Material provided by the Applicant
[15] The material provided by the Applicant in the Form F2 - Application for Unfair Dismissal Remedy raises allegations to the effect that the Applicant was dismissed because he made complaints about his wages and conditions of employment. The material also indicates that the Applicant involved the Transport Workers’ Union in these matters. It is also alleged by the Applicant that his hours of work were reduced because of these matters.
Conclusions
[16] Given the failure of the Applicant to comply with Directions and to attend the scheduled hearing into this matter, and the warning to him about the repercussions of this conduct, I have considered the material on the file, and concluded as follows. I accept that the operational requirements of the Respondent changed, by virtue of the sale of the Blackwater Quarry and that it no longer required the Applicant’s job to be done by anyone because of this change.

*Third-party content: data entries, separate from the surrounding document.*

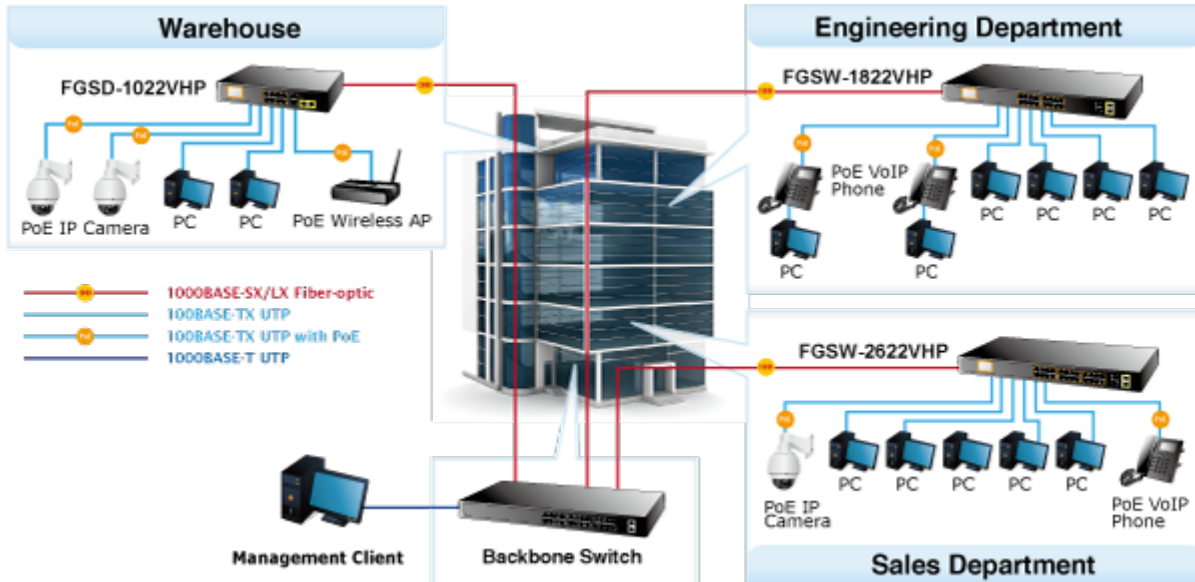

2 Gigabitové porty 1000Base-Tp/SFP. 24 portů 10/100Base-TX s možností napájení dalších IEEE 802.3at zařízení, celkový výkon 300W.

LCD displej pro info o napájení, portové VLAN. ESD ochrany, interní AC zdroj.

Jedná se o 24portový 10/100Mbit fast ethernet switch se 2x Gigabitovými TP/SFP rozhraními. Umožňuje napájet další zařízení jako jsou IP kamery, VoIP telefony a WiFi přístupové body. Zařízení disponuje plně propustnou rychlou interní páteří sběrnicí. Gigabitová rozhraní poskytují další možnosti rozšiřitelnosti, flexibility a integrace v síti. LCD displej na předním panelu informuje o aktuálním vytížení PoE.

ZÁKLADNÍ SPECIFIKACE

Fyzické vlastnosti:

Porty: 24 x RJ-45 10/100BASE-TX, 2 x RJ-45 10/100/1000BASE-T, 2 x miniGBIC SFP 10000BASE-SX/LX

Paměť: 8k MAC adres

Propustnost: sběrnice 12,8 Gbps, provozně 9,5 Mpps (64B)

POE funkce:

Celkový napájecí výkon: IEEE 802.3af, IEEE 802.3at, 300 W

Počet injektorů: 24 x až 30 W

Typ napájení: End-span

Pokročilé funkce:

1. automatická detekce napájených zařízení

Default PoE Mode

VLAN Isolation Mode
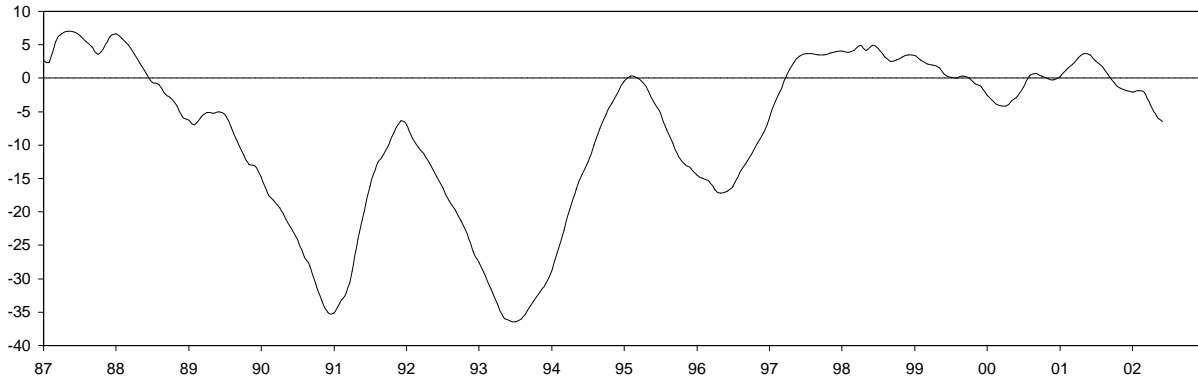

GALICIA
IPI GENERAL (INE)

CONSUMO ENERGÍA ELÉCTRICA TOTAL

CONSUMO ENERGÍA ELÉCTRICA USOS INDUSTRIALES

GALICIA
INDICADOR DE CLIMA INDUSTRIAL (SUAVIZADA)

— SERIE ORIGINAL

EOE INDUSTRIA (ORIGINAL Y SUAVIZADA)

— NIVEL CTRA. PEDIDOS ◆ NIVEL STOCKS

EOE INDUSTRIA: TENDENCIA DE LA PRODUCCIÓN

— SERIE ORIGINAL — SERIE SUAVIZADA

EOE INDUSTRIA: % UTILIZACIÓN CAPACIDAD

— SERIE ORIGINAL

GALICIA
CONSUMO DE CEMENTO

Nº DE VIVIENDAS VISADAS POR EL COLEGIO DE ARQUITECTOS TÉCNICOS
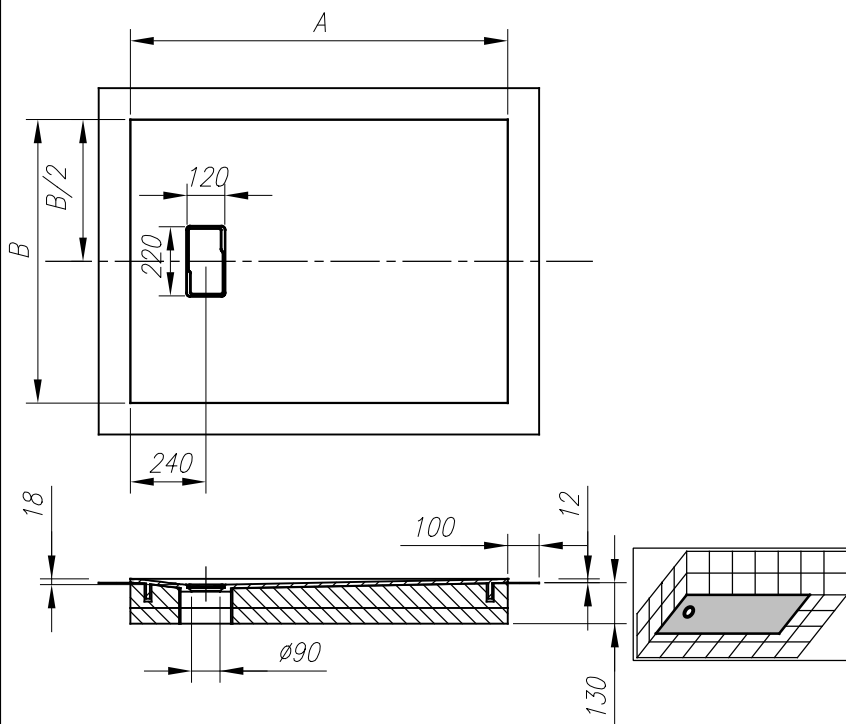

Menora ZERO

| | A (mm) | B (mm) |
|---------------------|--------|--------|
| Menora ZERO 80x80 | 800 | 800 |
| Menora ZERO 90x80 | 900 | 800 |
| Menora ZERO 90x90 | 900 | 900 |
| Menora ZERO 100x80 | 1000 | 800 |
| Menora ZERO 100x90 | 1000 | 900 |
| Menora ZERO 100x100 | 1000 | 1000 |
| Menora ZERO 120x80 | 1200 | 800 |
| Menora ZERO 120x90 | 1200 | 900 |
| Menora ZERO 120x100 | 1200 | 1000 |
| Menora ZERO 140x80 | 1400 | 800 |
| Menora ZERO 140x90 | 1400 | 900 |
| Menora ZERO 140x100 | 1400 | 1000 |
| Menora ZERO 160x80 | 1600 | 800 |
| Menora ZERO 160x90 | 1600 | 900 |
| Menora ZERO 180x80 | 1800 | 800 |
| Menora ZERO 180x90 | 1800 | 900 |
| Menora ZERO 200x80 | 2000 | 800 |
| Menora ZERO 200x90 | 2000 | 900 |

Navodilo za vgradnjo

Upute za ugradnju

Uputstvo za ugradnju

Інструкції по установке

Ø90mm H=65mm

Ø90mm H=84mm

Nr. TKNKE 39

[17] I also accept that the applicant was a casual employee, and that the Award provisions requiring consultation in relation to redundancy do not apply with respect to casual employees. On the basis of the material provided by the Respondent, I also accept that the provisions of the Award with respect to notification and consultation in relation to the introduction of workplace change, which do apply with respect to casual employees, were complied with.
[18] There is no evidence about whether it would have been reasonable in the circumstances to redeploy the Applicant within the Respondent’s Enterprise or the enterprise of an associated entity. I am unable to make a finding about this matter.
[19] All of the matters raised by the Applicant go to the reasons for his selection and alleged contraventions of the general protection provisions of the FW Act. In circumstances where the Applicant’s dismissal was a case of genuine redundancy, these matters may not be pursued by way of an application for an unfair dismissal remedy.
[20] Fair Work Australia has made all reasonable attempts to provide the Applicant with the opportunity to have his application dealt with and he has failed to make himself available for that purpose. In all of the circumstances I am satisfied that the power for the Tribunal to dismiss the application upon its own initiative pursuant to s.587(3)(a) of the Act, should be exercised. The application for an unfair dismissal remedy lodged by Mr Henry Ray (Te Reiwhati) Vercoe (U2009/15041) is dismissed. I Order accordingly.
COMMISSIONER
1 Fair Work Bill 2008 Explanatory Memorandum paragraph 146; Spruyt v Jaston Concrete Cartage Pty Limited [2010] FWA 5509.